=== Data ===

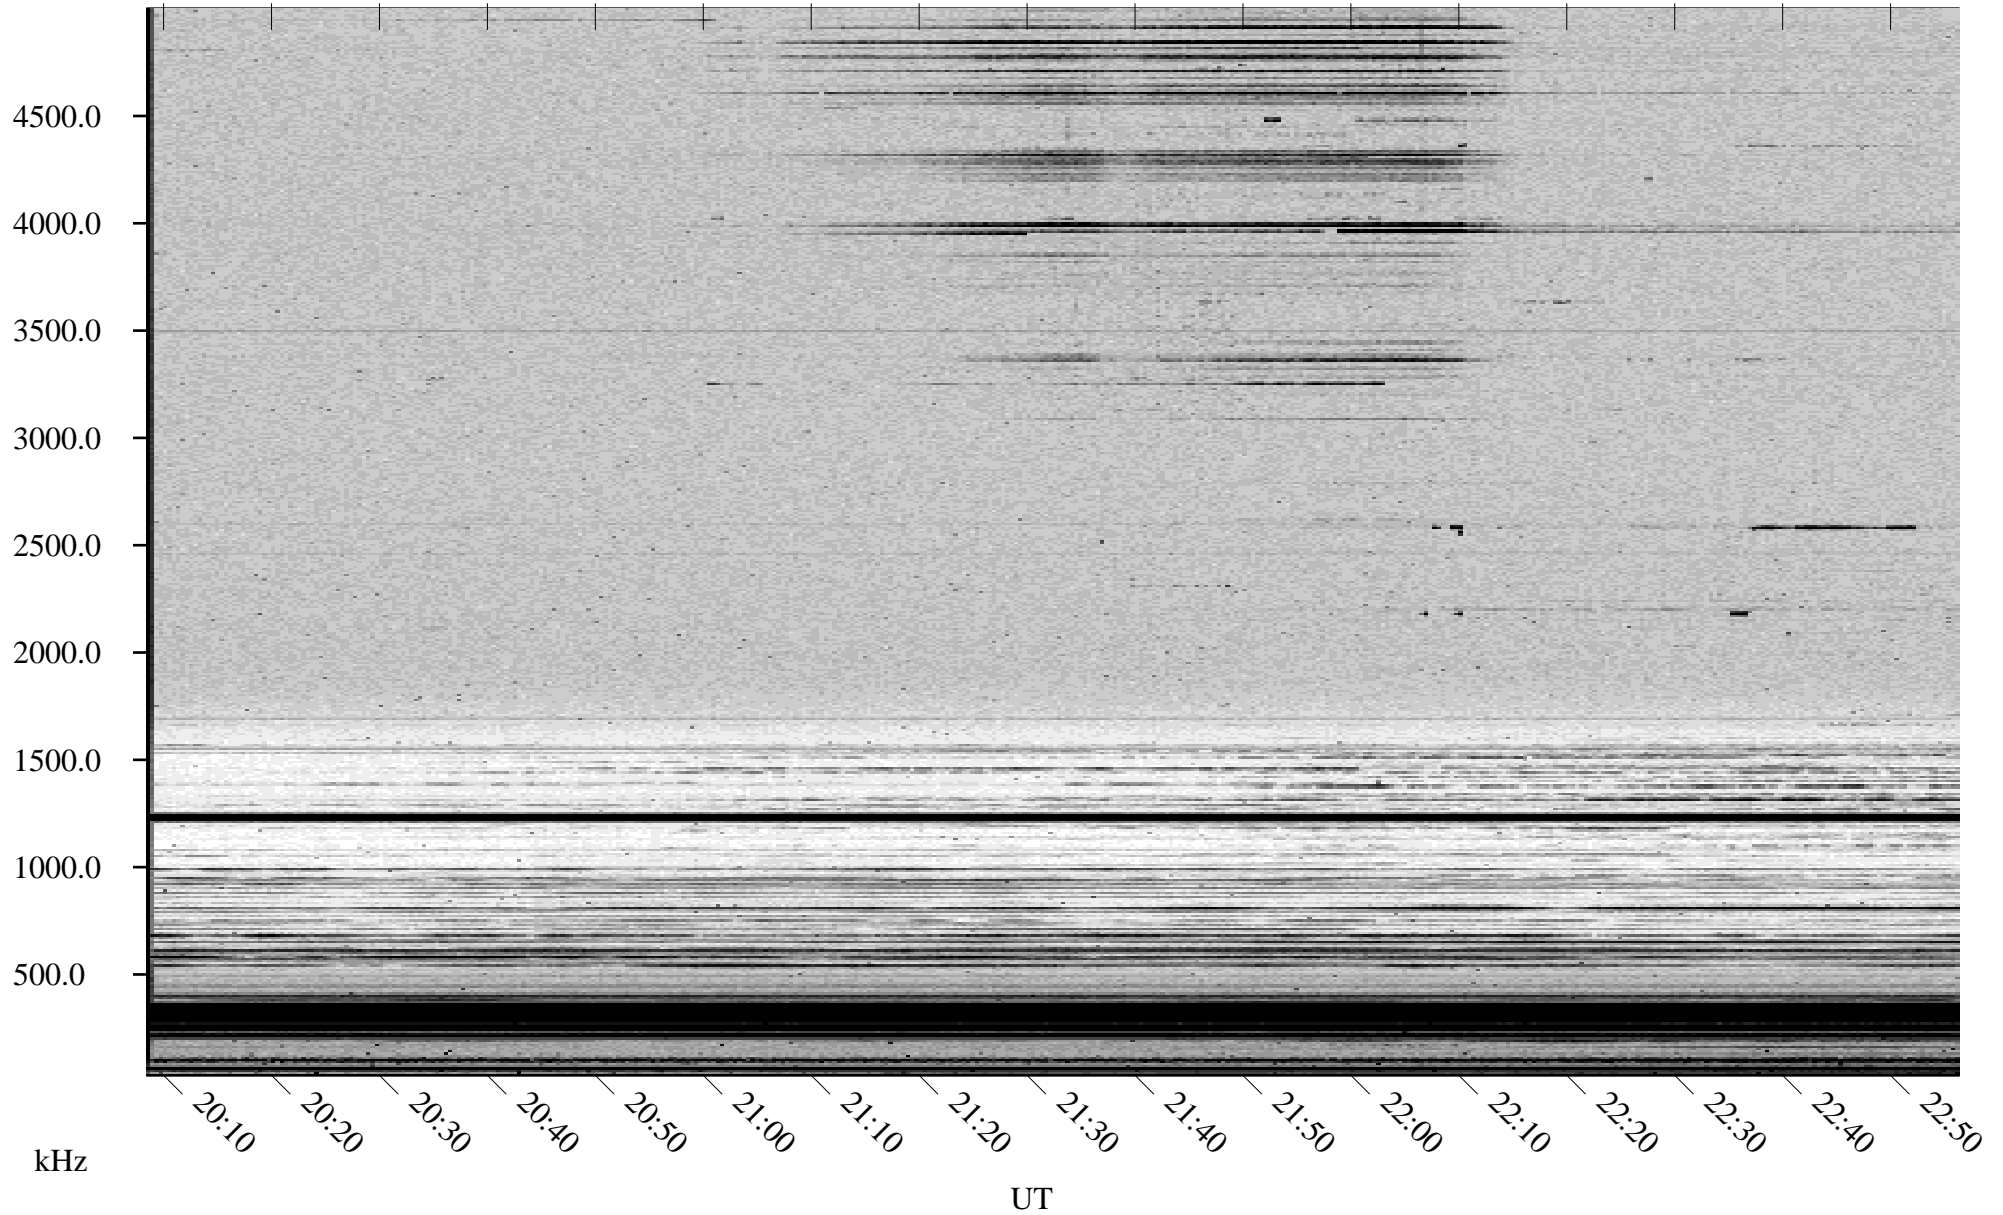

10/21/2002 Churchill, Manitoba

Linear Scale Black = 161 White = 15

ch02294l.r02m max_12

Page 1

10/21/2002 Churchill, Manitoba

Linear Scale Black = 161 White = 15

ch02294l.r02m max_12

Page 2

10/22/2002 Churchill, Manitoba

Linear Scale Black = 161 White = 15

ch02294l.r02m max_12

Page 3

10/22/2002 Churchill, Manitoba

Linear Scale Black = 161 White = 15

ch02294l.r02m max_12

Page 4

10/22/2002 Churchill, Manitoba

Linear Scale Black = 161 White = 15

ch02294l.r02m max_12

Page 5

10/22/2002 Churchill, Manitoba

Linear Scale Black = 161 White = 15

ch02294l.r02m max_12

Page 6

10/22/2002 Churchill, Manitoba

Linear Scale Black = 161 White = 15

ch02294l.r02m max_12

Page 7

10/22/2002 Churchill, Manitoba

Linear Scale Black = 161 White = 15

ch02294l.r02m max_12

===

• _Try it_:
Work through the data above line by line and give the number of lines in which "Page" occurs. Add nothing else.

• _Exercise solution_:
7